To me, the lake was always striking, with long steep ridges flanking both sides of the valley from the Caulderwood Dam all the way down to Chilhowee. The reservoir, while not a particularly wide or deep one in comparison to some others in the region, was a lake nonetheless and my father and I fished it regularly in my grandfather's old motorboat.

When we would drive along its northern shore toward our favorite boatramp at the upper end of the lake, my father would sometimes stop the car and stare out across the waters, quietly humming to himself as his mind traveled back to days long past; days spent wading the former river's icy waters as a young man in search of elusive mountain trout. He would point to a spot about midway across the lake from the boat ramp and talk about how, in the summer of 1952, he had hooked and then chased a huge rainbow trout downstream across a series of shoals before ultimately landing the monster a few hundred yards below. He would always describe that struggle as a pinnacle moment in a lifetime of avid fly-fishing, and the tale would never fail to prime me for a long day on the water.

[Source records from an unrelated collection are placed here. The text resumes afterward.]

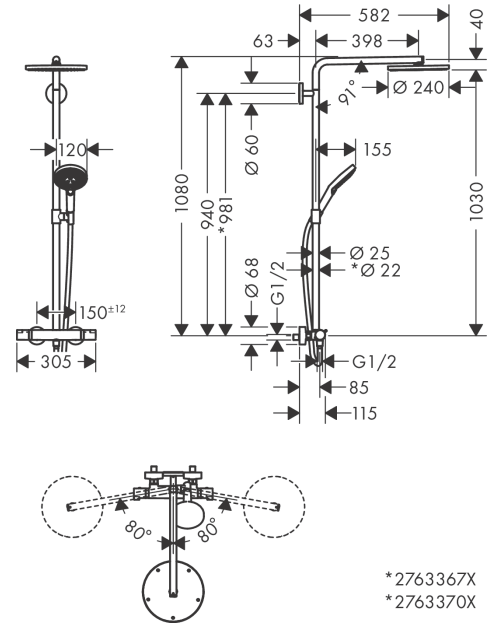

Plan géométral
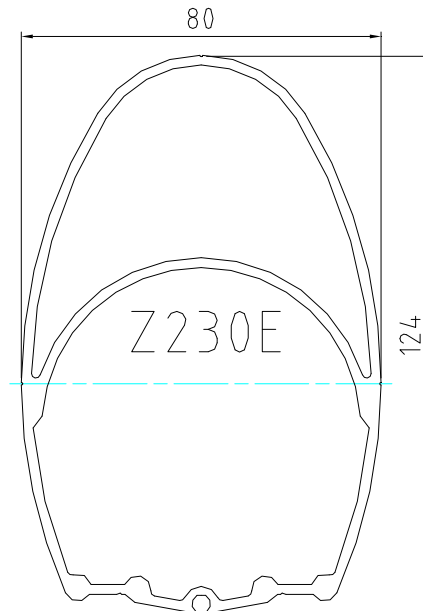

## Information

Date : 17/07/08

MISE A JOUR : 29/07/2008

Page : 1/7

- Profil Z230E (Inertie YY' 160 / XX' 90)

- Profil Z300E (Inertie YY' 400 / XX' 162)

Mât enrouleur

**Information**
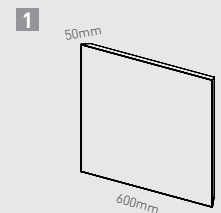

STARLED BOX

CORNICE LUMINOSA MONOFACCIALE

Il tuo messaggio sarà davvero brillante grazie a questa cornice monofacciale luminosa per banner in tessuto! Le stampe acquisiscono valore grazie all'illuminazione led in backlight, che rende il prodotto moderno ed elegante. I profili in alluminio anodizzato color argento, tagliati a 45° tagliati verso l'interno, sono praticamente invisibili. Le strisce led sono montate su un pannello in alluminio composito, mentre i cavi di alimentazione sono posti lateralmente. La cornice ha uno spessore di soli 50 mm.

DIGI

INFO

Cornice realizzata con profili in argento anodizzato color argento. I nostri standard hanno due dimensioni: 600x600 mm e 2000 x 1150mm.

*Ulteriori misure su richiesta

Interruttore con pulsante ON/OFF

B STARLED BOX*

			1pc
1	STLB600600	600x600mm	
2	STLB20001150	2000x1150mm	
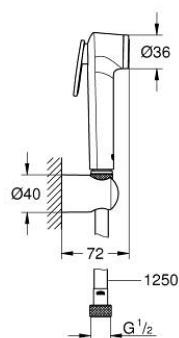

### DESCRIPTION DU PRODUIT

- Couleur: satin steel
- douchette à gachette
- débit maximum à 3 bars : 8 l/min
- support mural pour douchette
- flexible Silverflex Long-Life 1250mm
- GROHE EcoJoy économie d'eau
- finition GROHE LongLife
- procédé anti-calcaire GROHE SpeedClean
- conduits d'eau internes, longévité maximale
- TwistStop système anti-torsion
- se référer aux normes locales d'installation

### PIÈCES DE RECHANGE, juin 2023 – now

1: Filtre (Numéro de commande 0700200M)

2: Clapet anti-retour (Numéro de commande 14165MSM)\*

\* Accessoires en option

Today, we took the girls and drove up to have a look at the lake. The day was flawless, the October sky bright and blue; the weather balanced precariously between summer warmth and autumn cool. We stopped first just below the mouth of Abram's Creek, also the former site of the Cherokee town of Chilhowee (for which the dam and lake are named). The reservoir level was substantially lowered and the waters had receded toward the center of the valley, although the calm surface still very much resembled a lake. As we descended an adjacent boat ramp, we soon found ourselves standing on ground that, at least until these last few weeks, had not been trodden upon in over 50 years. My wife and daughters had a great time picking through a cross-section of trash spanning five decades, and exploring the formerly submerged foundations of several old buildings. One such site, clearly a former gas station, still sported an impressive mound of bottle caps out back, thousands of them, with mid-20th century versions of Coke, Pepsi, Fanta and other company logos still clearly visible beneath the rust.

We then drove northward along the river, following the route my father and I had driven so often when I was a boy. As we progressed up the valley and the terrain steepened, the water level began to drop markedly. When we finally arrived at the old boat ramp on the upper end of the lake, the water was clearly confined to the original river bed. The girls and I again descended using the ramp for access, and soon found ourselves traversing a wide field of cracked and drying lake mud. We crossed the former road bed and passed an old fence row (still standing) both formerly buried beneath 25 feet of water. Closer to the river, we began to see green grass sprouting from the mud, even though the area had been exposed to air and sunlight for only a few short weeks.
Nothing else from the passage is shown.